--- DATA UNDER STUDY Enclosed Below ---

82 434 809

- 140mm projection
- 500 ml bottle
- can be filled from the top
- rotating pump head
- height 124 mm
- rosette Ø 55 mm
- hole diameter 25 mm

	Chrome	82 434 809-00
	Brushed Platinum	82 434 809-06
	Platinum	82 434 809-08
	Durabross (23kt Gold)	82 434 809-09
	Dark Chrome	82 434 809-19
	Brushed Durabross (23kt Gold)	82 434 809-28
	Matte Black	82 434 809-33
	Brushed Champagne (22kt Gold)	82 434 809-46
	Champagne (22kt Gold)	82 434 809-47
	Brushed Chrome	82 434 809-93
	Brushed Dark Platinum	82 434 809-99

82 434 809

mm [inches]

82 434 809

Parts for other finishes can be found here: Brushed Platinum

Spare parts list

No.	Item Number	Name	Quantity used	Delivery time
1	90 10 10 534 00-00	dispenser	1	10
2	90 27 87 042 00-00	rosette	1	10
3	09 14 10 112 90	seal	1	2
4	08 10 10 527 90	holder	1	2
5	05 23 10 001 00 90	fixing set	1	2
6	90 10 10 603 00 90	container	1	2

--- End of Enclosed DATA UNDER STUDY ---
--- DATA UNDER STUDY Enclosed Below ---

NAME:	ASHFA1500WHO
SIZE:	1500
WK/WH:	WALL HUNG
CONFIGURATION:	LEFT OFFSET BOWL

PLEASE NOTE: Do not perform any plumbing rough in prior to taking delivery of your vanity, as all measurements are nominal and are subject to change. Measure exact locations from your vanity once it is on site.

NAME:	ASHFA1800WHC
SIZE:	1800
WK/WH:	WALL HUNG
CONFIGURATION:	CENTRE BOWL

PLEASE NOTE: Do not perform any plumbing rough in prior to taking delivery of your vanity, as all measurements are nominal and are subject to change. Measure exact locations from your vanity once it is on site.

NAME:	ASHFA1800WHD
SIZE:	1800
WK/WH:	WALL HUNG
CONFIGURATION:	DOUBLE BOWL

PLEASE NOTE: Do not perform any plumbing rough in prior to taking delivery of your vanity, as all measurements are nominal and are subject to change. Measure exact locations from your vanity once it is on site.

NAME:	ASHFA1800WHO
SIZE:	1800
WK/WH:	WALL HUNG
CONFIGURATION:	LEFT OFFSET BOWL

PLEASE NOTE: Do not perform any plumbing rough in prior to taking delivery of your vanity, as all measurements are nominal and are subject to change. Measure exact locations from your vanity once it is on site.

--- End of Enclosed DATA UNDER STUDY ---

● **WHAT YOU WILL DO**: Set aside each line above that includes the string "CONFIGURATION" and report it.

● **REPLY**:
CONFIGURATION:	LEFT OFFSET BOWL
CONFIGURATION:	CENTRE BOWL
CONFIGURATION:	DOUBLE BOWL
CONFIGURATION:	LEFT OFFSET BOWL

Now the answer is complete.